KIBRIS MESELESİNDE “ÇÖZÜM” NE ANLAMA GELİYOR

KKTC Cumhurbaşkanı Mehmet Ali Talat, Kıbrıs sorununun
çözümü için en uygun dönemde olduklarını söylemektedir. Türk tarafının toprak vermek
zorunda olacağını ifade etmektedir. “Yorgan gitti kavga bitti” mantığı burada
geçerli değildir. Burada Rum tarafı, verilen kısmi toprak ile tatmin edilemez.
Burada hazmedilmeyen Müslüman Türk'ün Kıbrıs topraklarında ki varlığıdır. Gelelim Türk tarafına burada verilen toprağın
fiili kaybının yanında sembolik bir anlamı da vardır. Eğer Kıbrıs Türküne ait
olan bu toprak, masa başında verilecek olunursa bu kadar şehidimizin canı,
geçmişten bu güne verilen mücadele ve tarihten bu güne sahip olduğumuz haklar;
stratejik, ekonomik ve güvenlik açısından Türkiye'nin konumu ne olacaktır.
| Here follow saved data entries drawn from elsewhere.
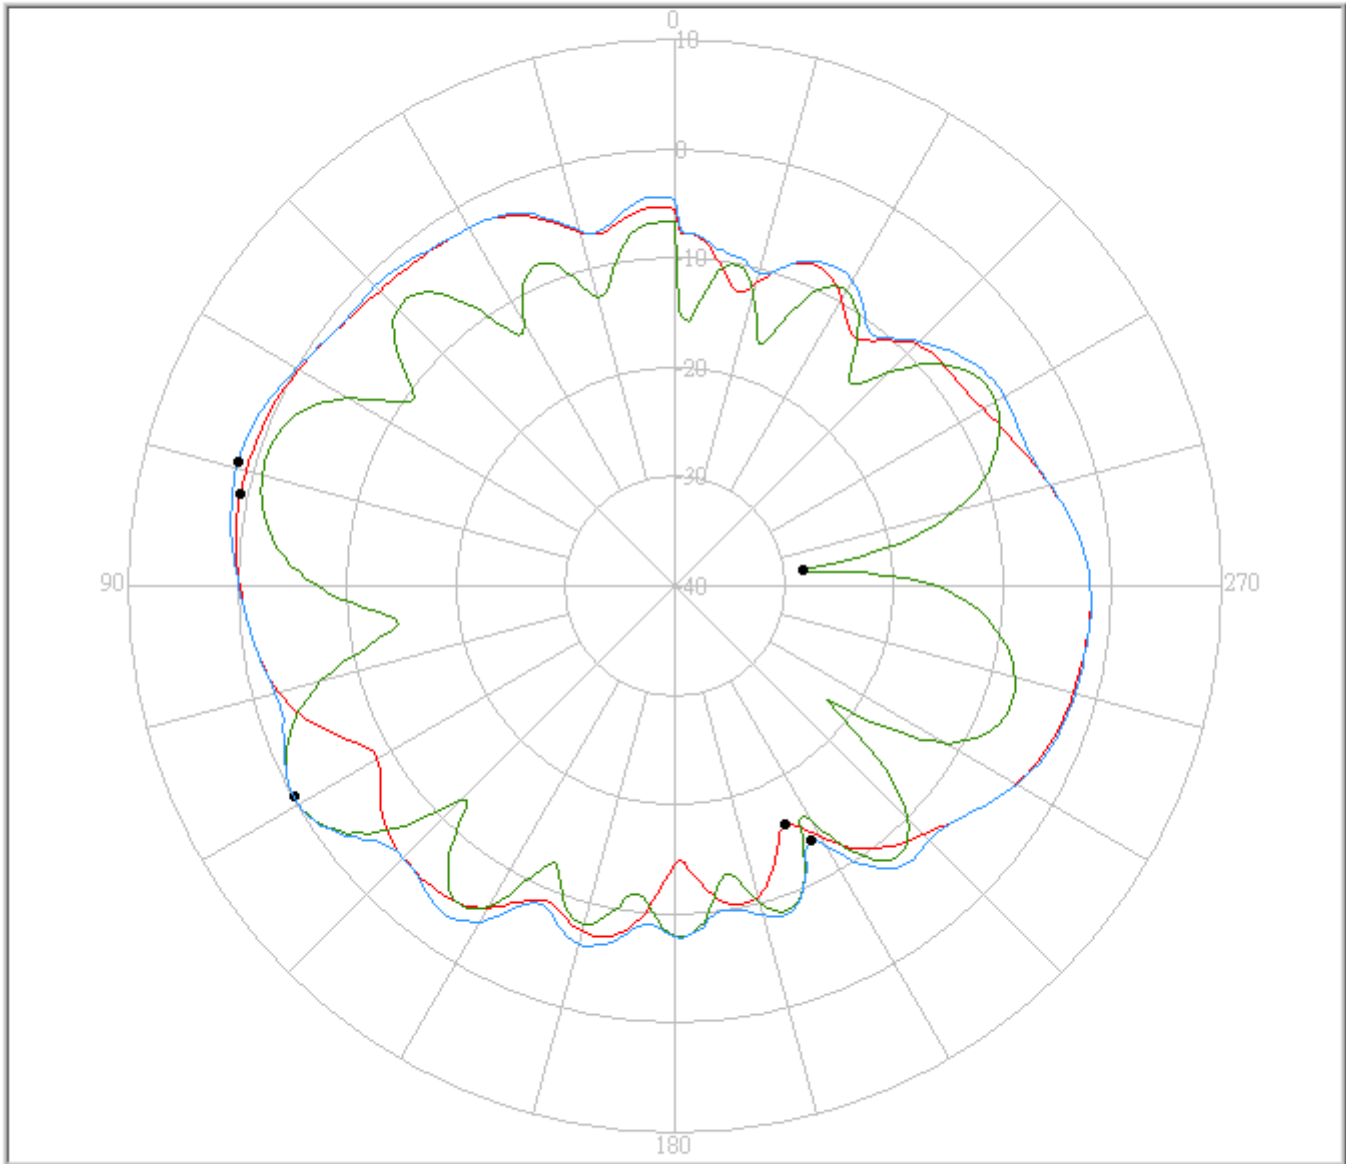

c. 2.5GHz

eService for Customer Satisfaction

FAVORTRON

FAVORTRON Co. Ltd

Antenna Pattern Measurement

4F, No. 108-1, Min Chuan Rd., Hsin-Tien City, Taipei, Taiwan, R.O.C. Tel:886-2-2218-2189,
Fax:886-2-2218-5760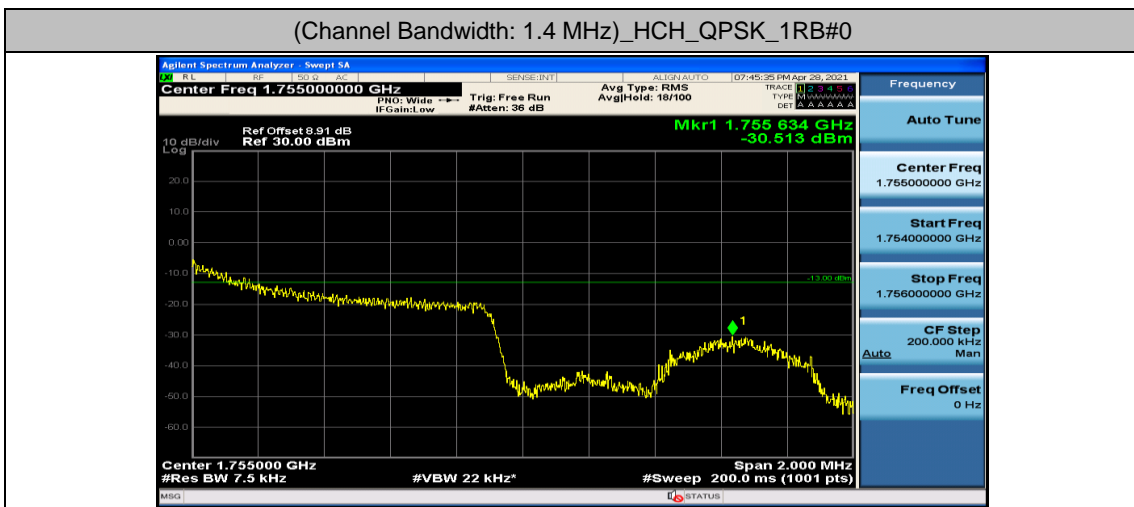

(Channel Bandwidth: 1.4 MHz)_LCH_QPSK_3RB#0

(Channel Bandwidth: 1.4 MHz)_LCH_QPSK_3RB#2

(Channel Bandwidth: 1.4 MHz)_LCH_QPSK_3RB#3

(Channel Bandwidth: 1.4 MHz)_LCH_QPSK_6RB#0

(Channel Bandwidth: 1.4 MHz)_HCH_QPSK_1RB#0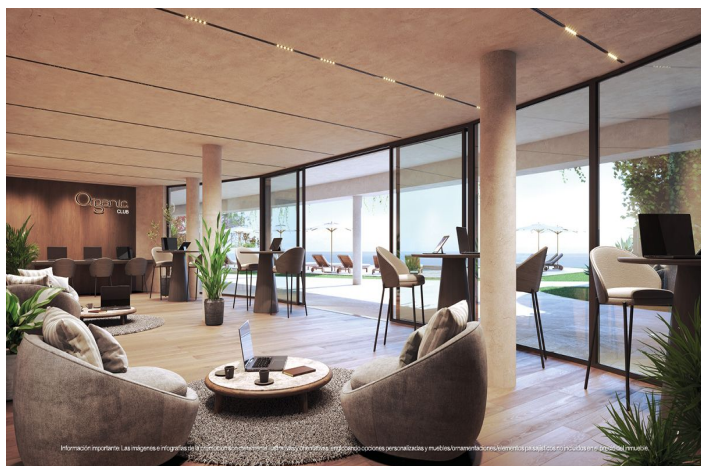

Adosada en venta en Fuengirola, Fuengirola

747.000 - 1.327.000

€

Referencia: R5365759 Dormitorios: 3 - 4 Baños: 3 Construido: 143m² - 187m² Terraza: 9m² - 110m²

Costa del Sol, Fuengirola

Nestled in the elevated landscape of El Higuierón on the Costa del Sol, the architecture is designed to flow naturally with the terrain, offering open views of the Mediterranean while maintaining a direct connection to the essential surrounding amenities.

This exclusive collection of homes prioritizes tranquility and privacy, featuring staggered levels and a compact scale that fosters a higher quality of life away from high-density living.

The interiors are a testament to everyday beauty, utilizing neutral tones and continuous materials to create a sense of clarity and calm where the boundaries between inside and outside disappear.

Each residence serves as a private sanctuary, complete with its own outdoor space and private pool, allowing for uninterrupted moments of relaxation. Beyond the individual homes, residents can enjoy thoughtfully designed common areas including a gym, coworking spaces, and a solarium, all intended to match the rhythm of modern life.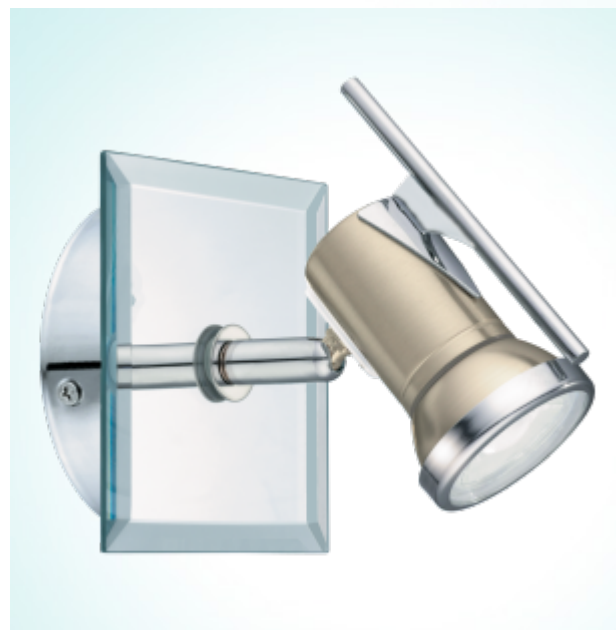

94981

TAMARA 1

General Information

Article:	94981
Lighting Type:	spot
Collection:	Style
EAN Code:	9002759949815

Dimensions

Depth:	110 mm
Width:	110 mm
Weight:	0.602 kg

Illuminant

Socket:	GU10
Illuminant:	GU10-LED
Delivery:	incl.
Wattage:	1x 3.3W
Luminous Flux:	1x 240 lm
Luminous Colour:	3000K warm white
Average Lifetime:	15,000 h
Colour Rendering Index:	>80 Ra
Energy Efficiency:	A+
Suitable for:	A++ - B
kWh/1000:	3.00
Info on Recycling:	more Information

Detailed Information

Material & Colour

Enclosure Material:	steel
Enclosure Colour:	satın nickel, chrome
Glass / Shade Material:	mirror

Technical Information

Protection Rating:	IP44
Protection Class:	2
Line Voltage:	220-240V,50/60Hz
Operation Voltage:	220-240V,50/60Hz

LED

Technical changes reserved

Son günlerde uluslararası sorunlarda çözüm için Türk
siyasiler tarafından önemli fırsatlardan bahsedilmektedir. Ne tesadüftür ki,
ABD Dışişleri Bakanı da “bu yıl, Kıbrıs'ta çözüm için iyi bir zaman olacaktır”
diye konuşmaktadır. Türkiye'ye sürekli olarak havuç uzatılmaktadır. Oysa artık
AB havucunun bir tuzak olduğu net olarak görülmüştür. Gelinen bu noktada, AB
konusundaki inat ve ısrarın, topraklarımızı kaybetmemize, bir bölünmeye ve
parçalanmaya doğru ülkemizi götürdüğünü görmek için uzak görüşlü olmaya da
gerek kalmamıştır. Vatan toprağı verilerek çözüme ulaşılmaz. Sayın Talat,
Türkiye'nin çözüm istediğinin altını çizmektedir. “Ver kurtul” politikaları bu
güne kadar çözüm olmamıştır, çözüm de getiremeyecektir. Türk tarafı, "Milli Dava
Kıbrıs' ve "AB ideali' arasında sıkışmış durumdadır. AKP iktidarı döneminde,
kırmızıçizgileri renk kaybına uğrayan dış politik yaklaşım, Kıbrıs konusunda da
aynı akıbeti yaşamaktadır. Türkiye'nin dış politikası taşeron bir karakter
göstermektedir.

Bir kere Kıbrısta “çözüm” derken ifade edilmek istenen
nedir. Çözüm, AB'nin taleplerini yerine getirmek midir, çözüm haklarımızdan
vazgeç midir, çözüm adadaki Türk askerini işgalci olarak kabul etmek midir,
çözüm adayı terk etmek midir?

Rum tarafı hedeflerine masada ulaşmak istemektedir.
Meseleyi zamana yayarak -ozmosis- i yani asimilasyonu dayatmanın yollarını
aramaktadır. Rum tarafı karşılıklı bir çözüm istememektedir; Türklerin adayı
terk etmesini yani Kıbrıs'ı istemektedir. Zaten AB, güney Kıbrıs tarafını
Kıbrıs'ın tek sahibi olarak kabul etmektedir.

Dünyada söz sahibi olmak isteyen her devletin Kıbrıs
üzerinde bir hesabı varken, Kıbrıs konusunda söz sahibi olmak isterken, ülkemiz
siyasetinin bu kadar sessiz kalmasının hiçbir izahı olamaz. Bir tek BTP'nin dış politikadaki ana
yaklaşımı, Türkiye'nin kendini dünyanın merkezine yerleştiren bir devlet politikası
uygulamasıdır. BTP 2005 yılında Ankara Tandoğan meydanında yaptığı “Kıbrıs
Türk'ün Vatanıdır” mitinginde Kıbrıs meselesinin milli mesele olduğunun altını
çizmiş ve Kıbrıs'ı yavru vatan kabul etmenin ötesinde Kıbrıs'ı Türk'ün Vatanı olarak
ilan edilmiştir. Vatan toprağı verilemez, Kıbrıs bizimdir bizim kalacaktır
gerçeğini hiçbir zaman unutulmamalıdır.